About this task: Every line from the start of the data through the line containing "Black line separates win/lose zones" should be retyped exactly; the pictures should not.

(Saved entries)
++++++++++++++++++++

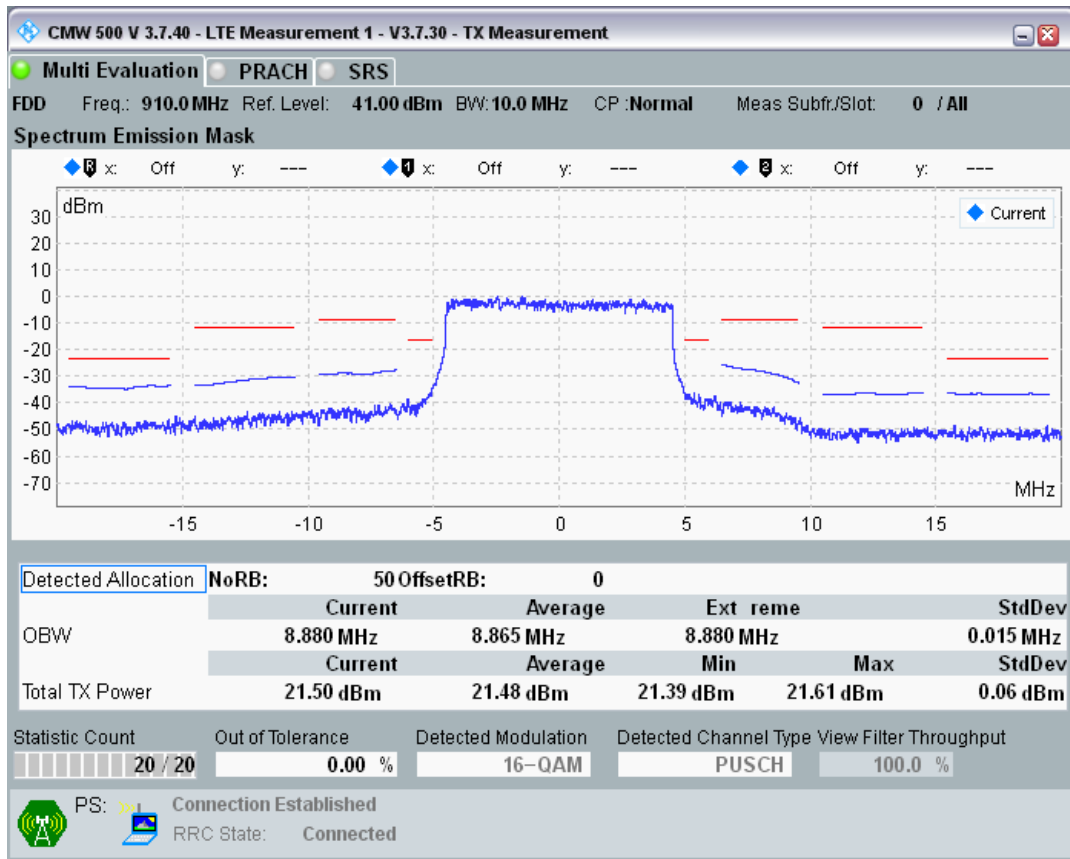

Band8 QAM16 BW=10MHz Channel=21750 RB Size=50 Position=#0

Clause 4.2.4 LTE Transmitter Spurious Emissions

Band	Bandwidth (MHz)	UL Channel	RB Size	RB Position	Modulation	Range (MHz)	RBW	Spur Freq (MHz)	Spur Level (dBm)	Limit (dBm)	Verdict
Band1	5	18025	1	#0	QPSK	9 kHz-150 kHz	1 kHz	0.01	-58.03	-36	PASS
Band1	5	18025	1	#0	QPSK	150 kHz-30 MHz	10 kHz	0.16	-60.32	-36	PASS
Band1	5	18025	1	#0	QPSK	30 MHz-1000 MHz	100 kHz	861.78	-70.98	-36	PASS
Band1	5	18025	1	#0	QPSK	1000 MHz-1910.00 MHz	1 MHz	1907.27	-62.92	-30	PASS
Band1	5	18025	1	#0	QPSK	1935.00 MHz-3000 MHz	1 MHz	2646.78	-61.02	-30	PASS
Band1	5	18025	1	#0	QPSK	3000 MHz-12.75 GHz	1 MHz	12699.63	-53.99	-30	PASS
Band1	5	18025	1	#0	QPSK	2110 MHz-2170 MHz	1 MHz	2144.68	-81.00	-50	PASS
Band1	5	18025	1	#0	QPSK	1805	1	1877.15	-81.69	-50	PASS
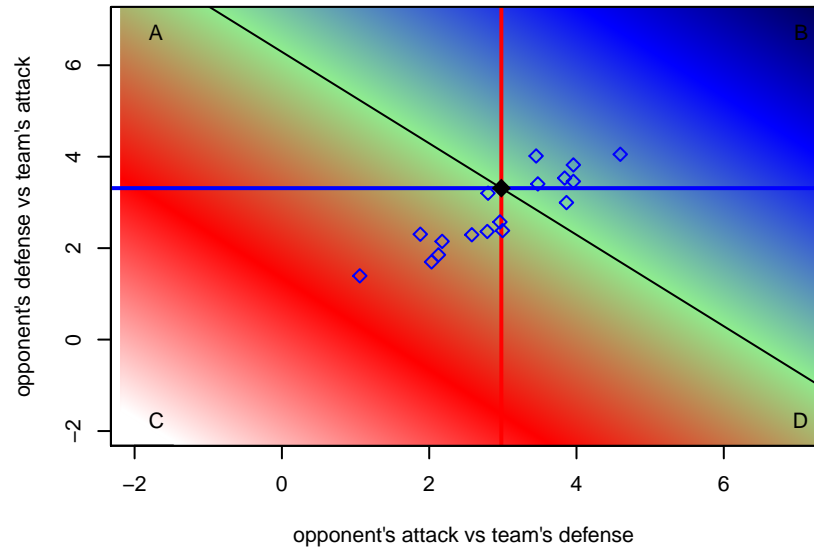

FPSC Fury Black G00
 Dots are actual minus expected GF (blue circles) and GA (red triangles).
 Blue line is smoothed change in attack strength. Red is smoothed change in defense strength.

**attack and defense variance (black dot)
relative to other teams
and top 10 in region**

**attack and defense rating
relative to others at age
and all opponents in last 13 months**

**attack and defense rating
relative to others at age
and all opponents in last 13 months**

Performance relative to 13 month average

Performance relative to 13 month average

Distribution of opponents
 Red = Lose zone, Blue = Win zone, Green = Even
 Black line separates win/lose zones

lot. A=Neither has attack advantage, B=Opponent has both attack and defense advantage, C=Opponent has both attack and defense disadvantage, D=Both have

++++++++++++++++++++

Response to the exercise:
Band8 QAM16 BW=10MHz Channel=21750 RB Size=50 Position=#0

Clause 4.2.4 LTE Transmitter Spurious Emissions

Band	Bandwidth (MHz)	UL Channel	RB Size	RB Position	Modulation	Range (MHz)	RBW	Spur Freq (MHz)	Spur Level (dBm)	Limit (dBm)	Verdict
Band1	5	18025	1	#0	QPSK	9 kHz-150 kHz	1 kHz	0.01	-58.03	-36	PASS
Band1	5	18025	1	#0	QPSK	150 kHz-30 MHz	10 kHz	0.16	-60.32	-36	PASS
Band1	5	18025	1	#0	QPSK	30 MHz-1000 MHz	100 kHz	861.78	-70.98	-36	PASS
Band1	5	18025	1	#0	QPSK	1000 MHz-1910.00 MHz	1 MHz	1907.27	-62.92	-30	PASS
Band1	5	18025	1	#0	QPSK	1935.00 MHz-3000 MHz	1 MHz	2646.78	-61.02	-30	PASS
Band1	5	18025	1	#0	QPSK	3000 MHz-12.75 GHz	1 MHz	12699.63	-53.99	-30	PASS
Band1	5	18025	1	#0	QPSK	2110 MHz-2170 MHz	1 MHz	2144.68	-81.00	-50	PASS
Band1	5	18025	1	#0	QPSK	1805	1	1877.15	-81.69	-50	PASS

FPSC Fury Black G00
 Dots are actual minus expected GF (blue circles) and GA (red triangles).
 Blue line is smoothed change in attack strength. Red is smoothed change in defense strength.

**attack and defense variance (black dot)
relative to other teams
and top 10 in region**

**attack and defense rating
relative to others at age
and all opponents in last 13 months**

**attack and defense rating
relative to others at age
and all opponents in last 13 months**

Performance relative to 13 month average

Performance relative to 13 month average

Distribution of opponents
 Red = Lose zone, Blue = Win zone, Green = Even
 Black line separates win/lose zones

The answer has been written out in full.